====== Supplied records ======

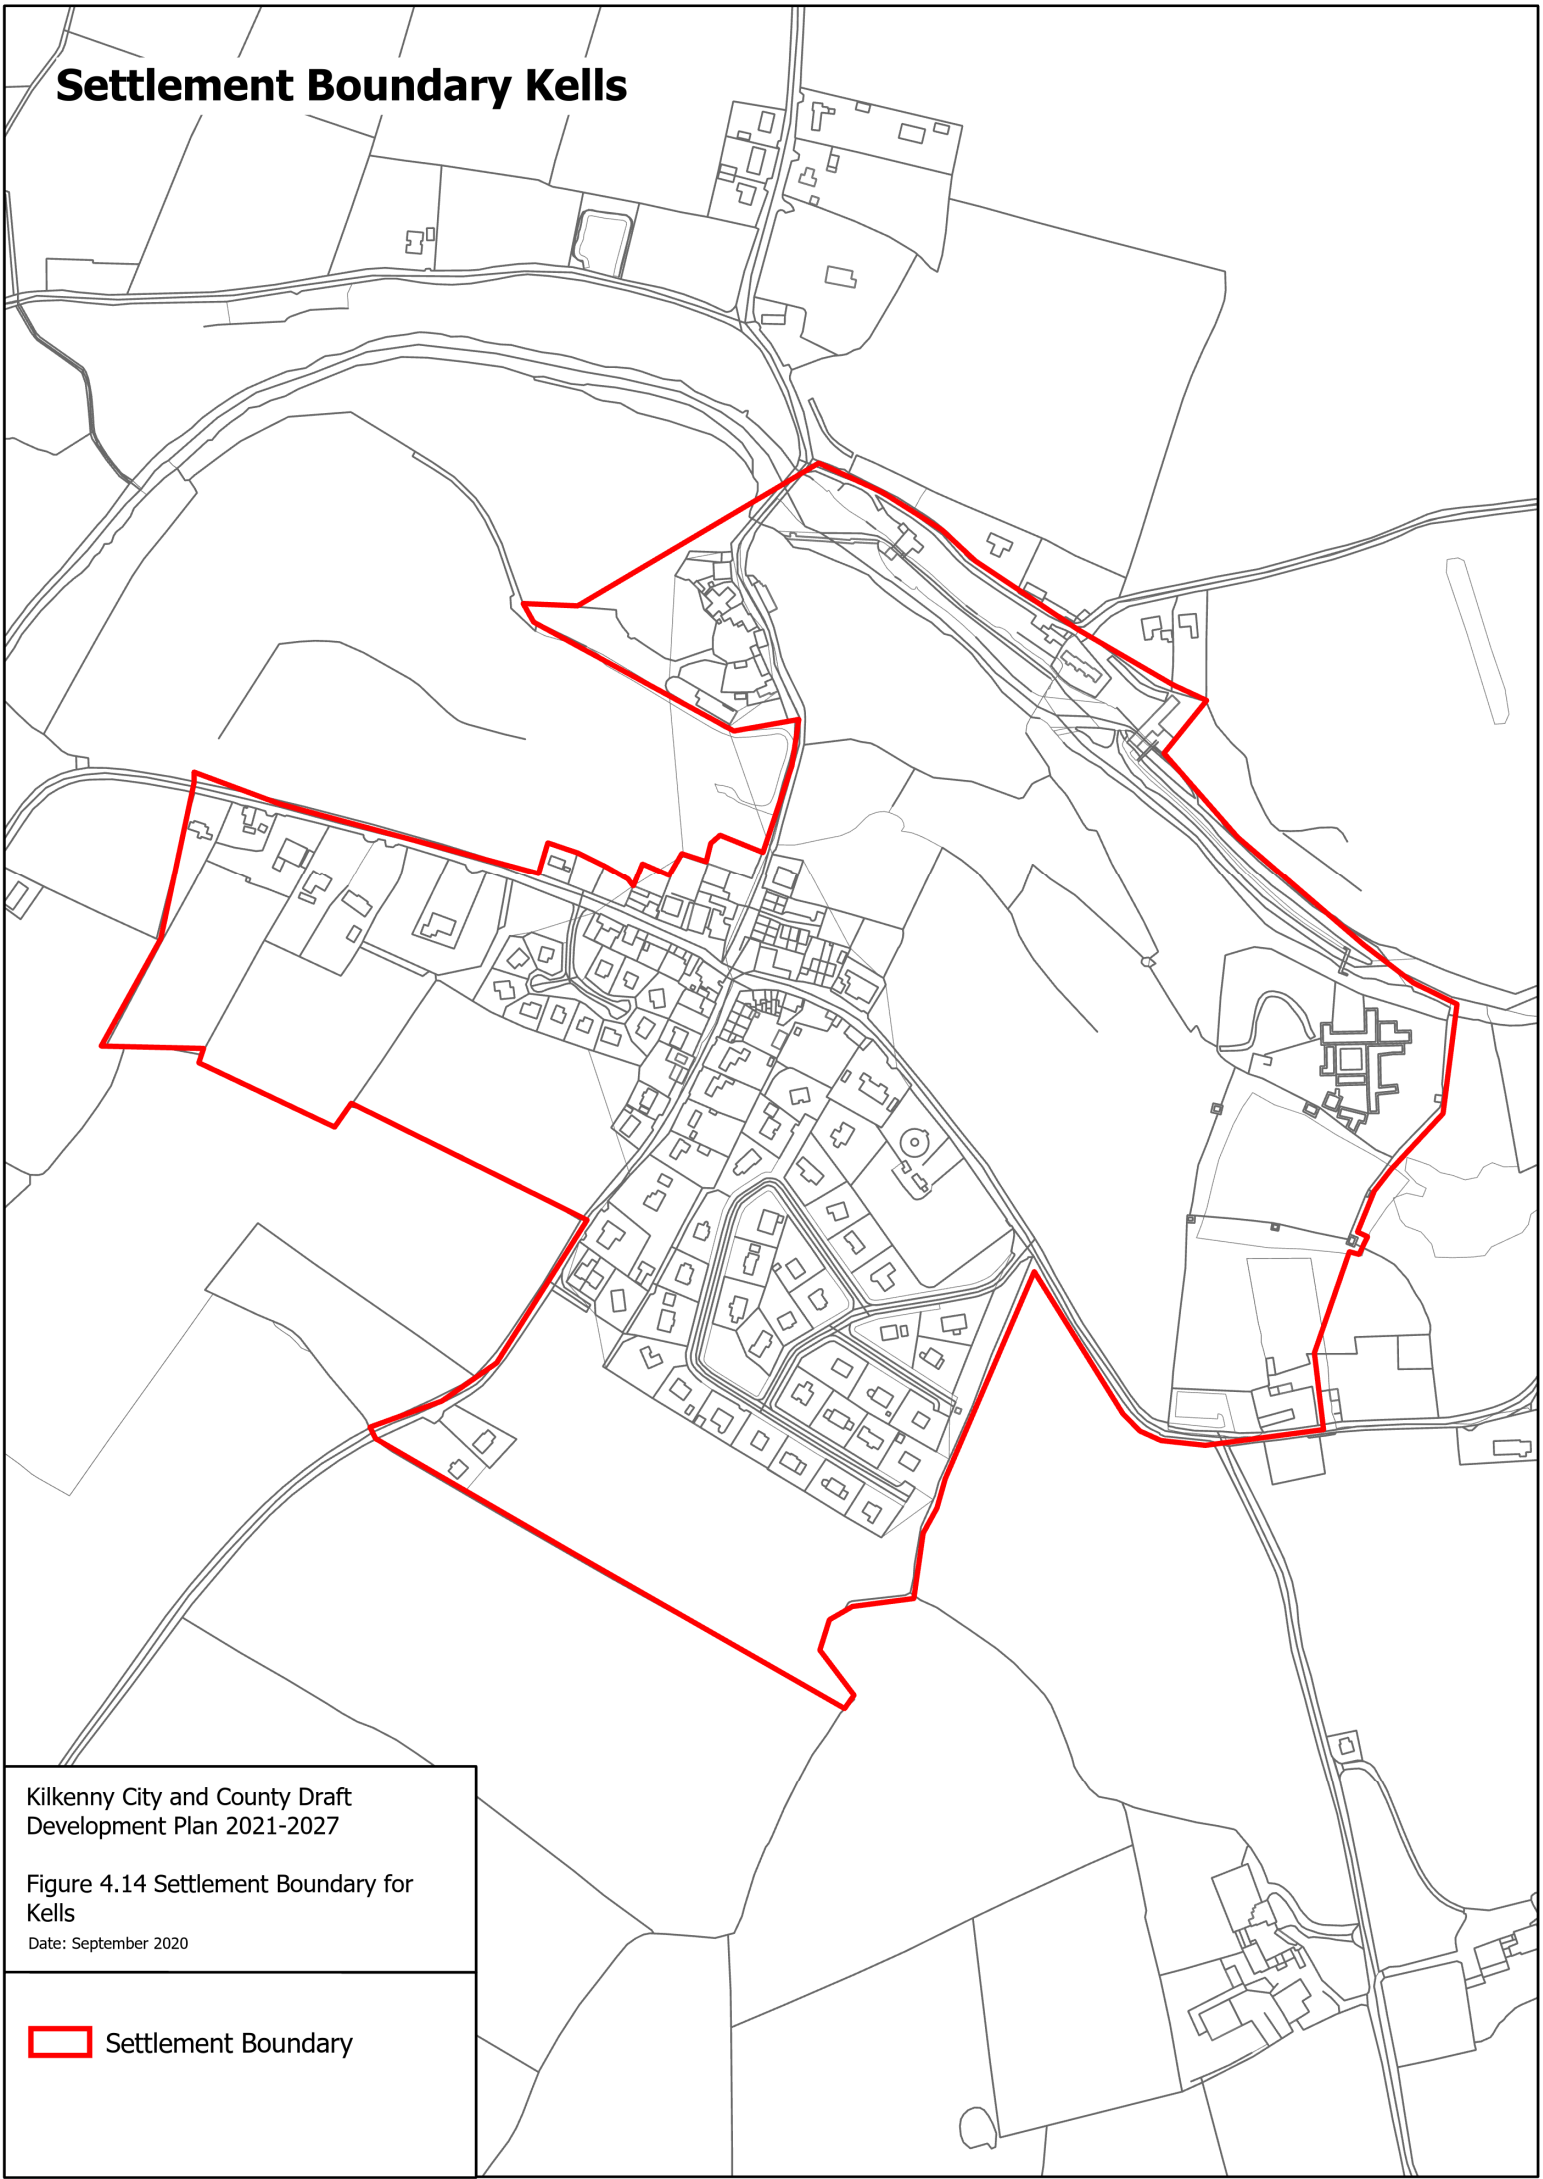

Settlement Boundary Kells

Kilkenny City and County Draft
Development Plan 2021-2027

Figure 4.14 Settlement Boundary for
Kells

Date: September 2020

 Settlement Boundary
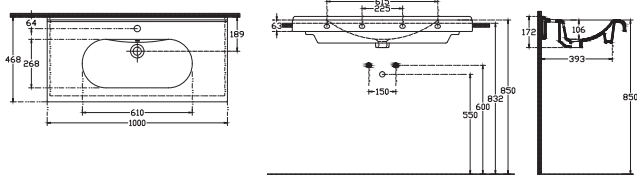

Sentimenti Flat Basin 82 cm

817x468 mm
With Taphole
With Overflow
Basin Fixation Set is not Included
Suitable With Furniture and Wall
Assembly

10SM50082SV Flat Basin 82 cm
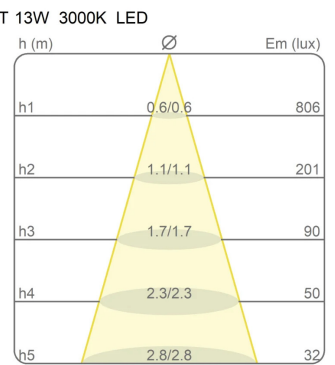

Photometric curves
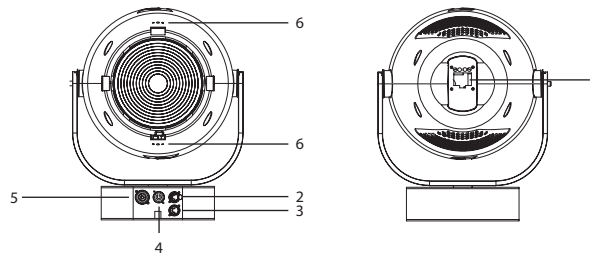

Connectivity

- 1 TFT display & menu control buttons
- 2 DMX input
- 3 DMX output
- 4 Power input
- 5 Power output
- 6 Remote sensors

======
====== Supplied records ======

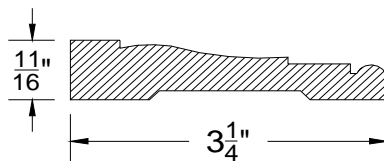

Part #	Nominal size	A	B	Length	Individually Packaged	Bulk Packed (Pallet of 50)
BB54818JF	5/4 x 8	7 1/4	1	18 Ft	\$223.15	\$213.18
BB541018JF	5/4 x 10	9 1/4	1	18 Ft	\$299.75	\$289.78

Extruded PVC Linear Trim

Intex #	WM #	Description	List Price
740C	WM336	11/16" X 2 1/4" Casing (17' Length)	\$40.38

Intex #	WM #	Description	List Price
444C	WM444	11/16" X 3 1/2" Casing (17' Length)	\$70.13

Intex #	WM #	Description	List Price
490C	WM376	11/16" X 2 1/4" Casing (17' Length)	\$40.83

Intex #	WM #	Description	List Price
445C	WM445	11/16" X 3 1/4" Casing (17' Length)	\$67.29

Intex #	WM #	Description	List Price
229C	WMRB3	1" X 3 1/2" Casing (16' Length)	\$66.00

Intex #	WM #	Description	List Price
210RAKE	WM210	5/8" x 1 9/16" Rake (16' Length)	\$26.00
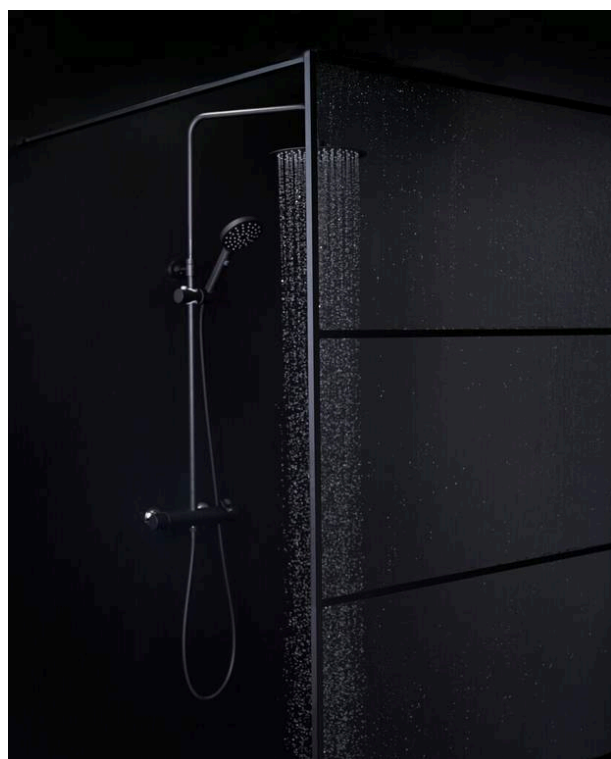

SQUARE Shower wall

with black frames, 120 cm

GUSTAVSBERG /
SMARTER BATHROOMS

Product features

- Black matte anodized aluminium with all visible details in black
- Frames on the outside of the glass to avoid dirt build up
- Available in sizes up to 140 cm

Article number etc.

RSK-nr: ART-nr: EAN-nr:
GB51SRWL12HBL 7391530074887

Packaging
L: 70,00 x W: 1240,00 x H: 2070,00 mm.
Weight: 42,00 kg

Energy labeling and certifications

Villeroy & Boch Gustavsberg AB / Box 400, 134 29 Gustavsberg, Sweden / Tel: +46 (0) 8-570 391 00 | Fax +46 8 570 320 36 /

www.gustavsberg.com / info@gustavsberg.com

======

* Assignment:
Going by the entries above, repeat exactly the lines that start at the line with "10SM50082SV Flat Basin 82 cm" and go on through the line with "- 6 Remote sensors". Pictures are not part of the copy.

* Finished task:
10SM50082SV Flat Basin 82 cm

Photometric curves

Connectivity

- 1 TFT display & menu control buttons
- 2 DMX input
- 3 DMX output
- 4 Power input
- 5 Power output
- 6 Remote sensors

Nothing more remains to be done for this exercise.